While fundamentally the ‘task’ of the network was changed here this necessarily involved changes to multiple parts of the system and this is desirable as it tests the robustness of effects to major state change. The same input set as system state 1 was employed but now all 1 s within 140 rows of the 256 row input set were converted to a number from a random uniform distribution between 0 and 0.5, with each row receiving a different random number. This procedure was repeated 20 times to produce inputs for the 20 replicates per network architecture type (SNMN, PMN or FCNMN). If one wishes to apply a visual analogy to the input–receiver system; we have modelled, the 116 inputs that are unmodified are visually ‘intense’, whereas the modified inputs are visually ‘dull’. The task of the network was to respond with high output activity to the ‘dull’ inputs (output > 0.5) and to respond with low activity (output < 0.5) to the ‘intense’ inputs. Formally, fitness was defined as (the number of correct responses i.e. output > 0.5 to the size-140 input subset)/140 × (the number of correct responses i.e. output < 0.5 to the remaining 116 inputs)/116. Some aspects of this new input-task system (numbers of inputs in the ‘dull’ subset, decision to ‘accept’ rather than reject dull inputs) are, within bounds, arbitrary and were chosen in some cases simply to ensure the system differed substantially from state 1.

### (c) System state 3

The system was as state 1 but the task of the network was now to respond with an output > 0.9 to the designated size 100 subset of inputs while minimizing response (output < 0.9) in response to the remaining 156 inputs.

### (d) System state 4

The system was as state 1 but *β* of the activation functions of nodes/neurons was set to 0.1. This had the effect of reducing the extent to which node output varied as a result of variation in summed input into the node, i.e. nodes were less ‘sensitive’.

### (e) Analysis

We measured mean fitness with 95% CIs at generation 1000 (a measure which we refer to as ‘speed’ of training for convenience, as it relates the rate at which fitness is gained during the training period in which fitness is gained at a high rate) for each network architecture/network size class combination and again at 10 000 generations by which time most network fitness trajectories had plateaued (we refer to this measure as network ‘ultimate fitness'). The only exception was in system state 2. The task in this system state is easy relative to that in the other system states and networks achieved a high fitness asymptote within 100 generations. We, therefore, quantified performance at 15 and 500 generations of training as measures of ‘speed’ and ‘ultimate performance’, respectively. Variances of datasets to be compared statistically were invariably homogeneous and data were generally normal, so we compared means of the modular network with the non-modular networks within network size classes using *t*-tests. While we have been selective in the comparisons we have undertaken, this still amounts to a considerable number of statistical comparisons across the whole analysis. Comparisons of marginal significance at *α* = 0.05 should be viewed sceptically by the reader. We also quantified the performance of the modular network relative to each of the non-modular networks as effect size, *d*, calculated as eqns 1 and 2 of [18] (figure 6).

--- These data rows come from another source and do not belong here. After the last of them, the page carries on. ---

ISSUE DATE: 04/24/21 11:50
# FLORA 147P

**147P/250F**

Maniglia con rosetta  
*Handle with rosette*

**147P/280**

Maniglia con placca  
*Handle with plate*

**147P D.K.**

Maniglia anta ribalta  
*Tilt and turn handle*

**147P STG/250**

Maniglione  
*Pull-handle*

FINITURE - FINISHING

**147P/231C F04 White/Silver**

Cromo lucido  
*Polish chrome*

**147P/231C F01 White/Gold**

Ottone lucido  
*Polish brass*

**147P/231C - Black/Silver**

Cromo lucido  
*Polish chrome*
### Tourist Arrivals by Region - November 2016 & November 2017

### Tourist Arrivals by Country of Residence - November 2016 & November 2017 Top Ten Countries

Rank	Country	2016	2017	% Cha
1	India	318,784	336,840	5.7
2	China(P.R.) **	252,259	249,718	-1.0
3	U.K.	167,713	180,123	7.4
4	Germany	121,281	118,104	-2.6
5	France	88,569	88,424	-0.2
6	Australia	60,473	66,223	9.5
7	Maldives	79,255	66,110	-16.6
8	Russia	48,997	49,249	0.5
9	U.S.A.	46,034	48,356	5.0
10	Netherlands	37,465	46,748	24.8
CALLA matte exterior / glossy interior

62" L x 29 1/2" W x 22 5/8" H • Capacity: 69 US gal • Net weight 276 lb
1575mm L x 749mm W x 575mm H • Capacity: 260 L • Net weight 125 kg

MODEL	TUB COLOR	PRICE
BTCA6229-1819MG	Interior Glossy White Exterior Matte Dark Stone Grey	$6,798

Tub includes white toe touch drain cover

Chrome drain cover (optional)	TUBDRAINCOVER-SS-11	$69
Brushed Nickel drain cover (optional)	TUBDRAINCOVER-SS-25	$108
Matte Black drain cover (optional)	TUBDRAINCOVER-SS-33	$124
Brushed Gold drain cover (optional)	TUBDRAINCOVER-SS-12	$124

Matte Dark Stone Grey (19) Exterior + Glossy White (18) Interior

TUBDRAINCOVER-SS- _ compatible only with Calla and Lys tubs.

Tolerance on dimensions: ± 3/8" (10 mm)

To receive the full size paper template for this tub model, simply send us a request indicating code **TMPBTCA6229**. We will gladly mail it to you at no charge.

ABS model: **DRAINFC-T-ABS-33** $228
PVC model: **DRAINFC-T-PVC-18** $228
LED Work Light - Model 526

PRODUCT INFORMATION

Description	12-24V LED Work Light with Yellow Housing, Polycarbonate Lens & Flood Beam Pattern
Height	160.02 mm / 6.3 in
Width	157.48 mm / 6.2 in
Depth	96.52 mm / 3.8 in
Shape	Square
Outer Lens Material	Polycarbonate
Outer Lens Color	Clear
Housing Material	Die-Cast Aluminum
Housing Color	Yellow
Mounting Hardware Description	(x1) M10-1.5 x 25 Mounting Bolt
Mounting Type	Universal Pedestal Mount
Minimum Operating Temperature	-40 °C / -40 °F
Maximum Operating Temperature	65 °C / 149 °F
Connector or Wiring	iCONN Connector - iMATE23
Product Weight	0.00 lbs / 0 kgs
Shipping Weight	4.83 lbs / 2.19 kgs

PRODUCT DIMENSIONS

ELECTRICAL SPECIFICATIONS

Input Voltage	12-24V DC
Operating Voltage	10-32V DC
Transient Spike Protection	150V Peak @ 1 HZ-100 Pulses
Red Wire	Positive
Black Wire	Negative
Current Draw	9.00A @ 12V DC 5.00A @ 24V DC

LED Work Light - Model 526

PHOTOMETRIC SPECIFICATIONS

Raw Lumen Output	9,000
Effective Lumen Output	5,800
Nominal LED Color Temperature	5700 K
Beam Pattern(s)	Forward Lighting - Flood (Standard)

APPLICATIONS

### (f) Finer-scale analysis of how network fitness varies with networks size

Networks were conformed as state 1 but their size was varied in numerous steps. Sizes considered were 16/8, 24/12, 48/24, 72/36, 96/48, 120/60, 144/72 (number of nodes in input layer/number in hidden layer, all networks had one output node). Simulations were run exactly as before but using only five replicates per network type/size combination owing to computational constraints.

## 3. Results

We have presented all data as means with 95% CI and associated statistical significances in figures 1⇑⇓⇓–5, however, readers may wish to concentrate on figure 6 where all data are presented in a single figure as effect size relative to the modular network. In system states 1–3, there is a pronounced and consistent effect. The performance of the modular PMN relative to the non-modular FCNMN is much greater in large networks compared with small networks. In system state 1, in small networks, PMN performs pronouncedly worse than FCNMN both at 1000 and 10 000 generations. In large networks in systems state 1, however, PMN performs significantly better than FCNMN at 1000 generations and the same as FCNMN at 10 000 generations. In small networks in system state 2, there is no difference between the performance PMN and FCNMN, but in large networks PMN performs better than FCNMN at both 15 and 500 generations of training. In small networks in system state 3, PMN performs significantly worse than FCNMN at both 1000 and 10 000 generations. In large networks, however, there is no significant difference in the performance of these networks.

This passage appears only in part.